Start of Block

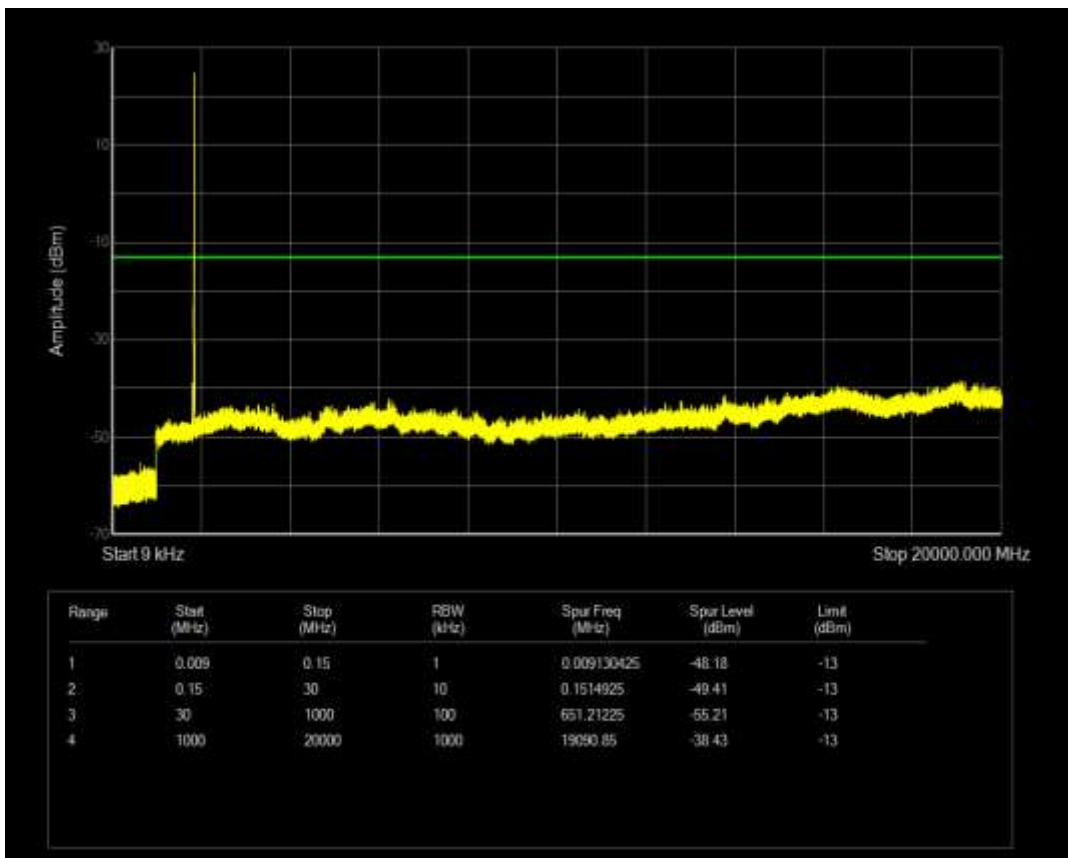

n2 SCS=15kHz CP_QPSK BW=5MHz Channel=370500 RB=25@0
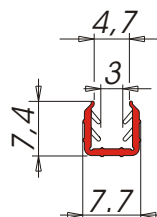

A6084

Descrizione: **Maniglia**
 Materiale: **Alfaplust®**
 Applicazione: **A pressione in fresata**
 Tipo d'imballo: **Scatola Tipo 5 - Rotolo Tipo 22**
 Nr. pezzi x scatola: **50**
 Nr. metri x rotolo: **100**
 Colori: **Colori standard ALFA SOLARE (Colori speciali su richiesta)**
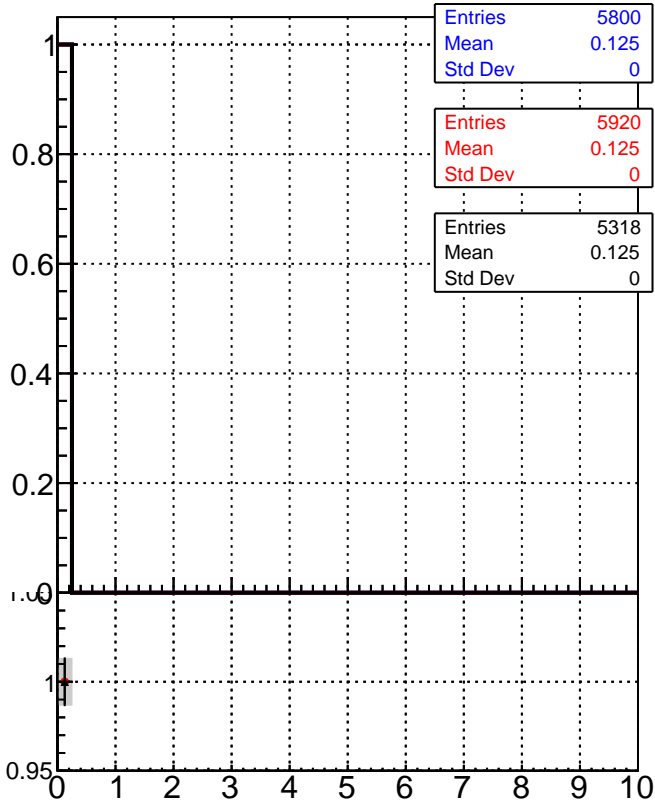

dE/dx estimator 1

dE/dx estimator 2

■ trackinglters01-03fac7e
● oob
▲ trackingLST-lters01-03fac7e
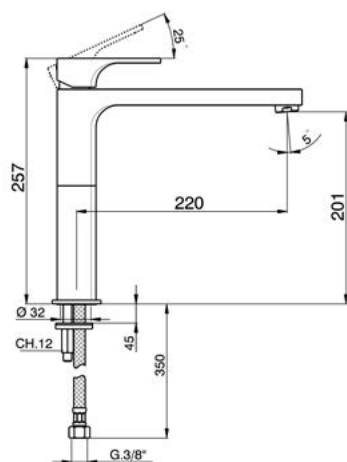

# Cubic

CU 0057 5 2 I

**EcoSTOP + ENERGYSAVE**

- DOCGETTA 2 FUNZIONI
- 2 FUNCTION HANDSPRAY
- DOUCHETTE 2 FONCTIONS
- 2- STRAHL HANDBRAUSE
- DUCHA 2 FUNCIONES

CU 00253 5 2 I

**EcoSTOP + ENERGYSAVE**

CU 00058 O 2 I
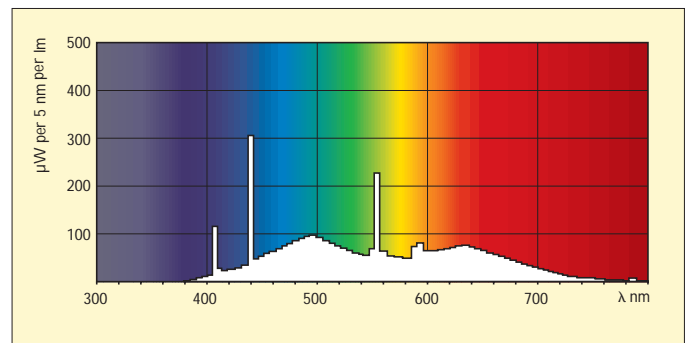

Leuchtstofflampen TL-D Graphica Pro

Beschreibung

Philips TL-D Graphica Pro Leuchtstofflampen zeichnen sich besonders durch ihren exzellent hohen Farbwiedergabeindex ($R_a \geq 98 = 1A$) aus. Ein verbesserter Produktionsprozess führt bei den Lampen zu einer akkuraten Positionierung des Farbpunkts im Farbkreis. Philips TL-D Graphica Pro Lampen sind in den Lichtfarben 950 und 965 sowie den Wattagen 18, 36 und 58W verfügbar. Aufgrund der hervorragenden Farbwiedergabe der Lampen, die fast zu 100% dem natürlichen Tageslicht entspricht, erfüllen die Lampen die ISO-Norm 3664:2000 der Grafik- und Druckindustrie. Die mittlere Lebensdauer der Leuchtstofflampen beträgt beim Betrieb am Warmstart-EVG 20.000 Stunden.

Leuchtstofflampen TL-D Graphica Pro

CRV Diagramme

Lichtfarbe 950, $R_a \geq 98$

Lichtfarbe 965, $R_a \geq 98$

Spektraler Strahlungsfluss

Lichtfarbe 950, $R_a \geq 98$

Lichtfarbe 965, $R_a \geq 98$

Für weitere Informationen wenden Sie sich bitte an unseren Philips Licht Service.

End of Block

_The problem_
Go to the line above that contains "Tipo d'imballo: **Scatola" and reproduce everything exactly from there through the line that contains "- DOUCHETTE 2 FONCTIONS", leaving out the pictures.

_Exercise answer_
 Tipo d'imballo: **Scatola Tipo 5 - Rotolo Tipo 22**
 Nr. pezzi x scatola: **50**
 Nr. metri x rotolo: **100**
 Colori: **Colori standard ALFA SOLARE (Colori speciali su richiesta)**

dE/dx estimator 1

dE/dx estimator 2

■ trackinglters01-03fac7e
● oob
▲ trackingLST-lters01-03fac7e

# Cubic

CU 0057 5 2 I

**EcoSTOP + ENERGYSAVE**

- DOCGETTA 2 FUNZIONI
- 2 FUNCTION HANDSPRAY
- DOUCHETTE 2 FONCTIONS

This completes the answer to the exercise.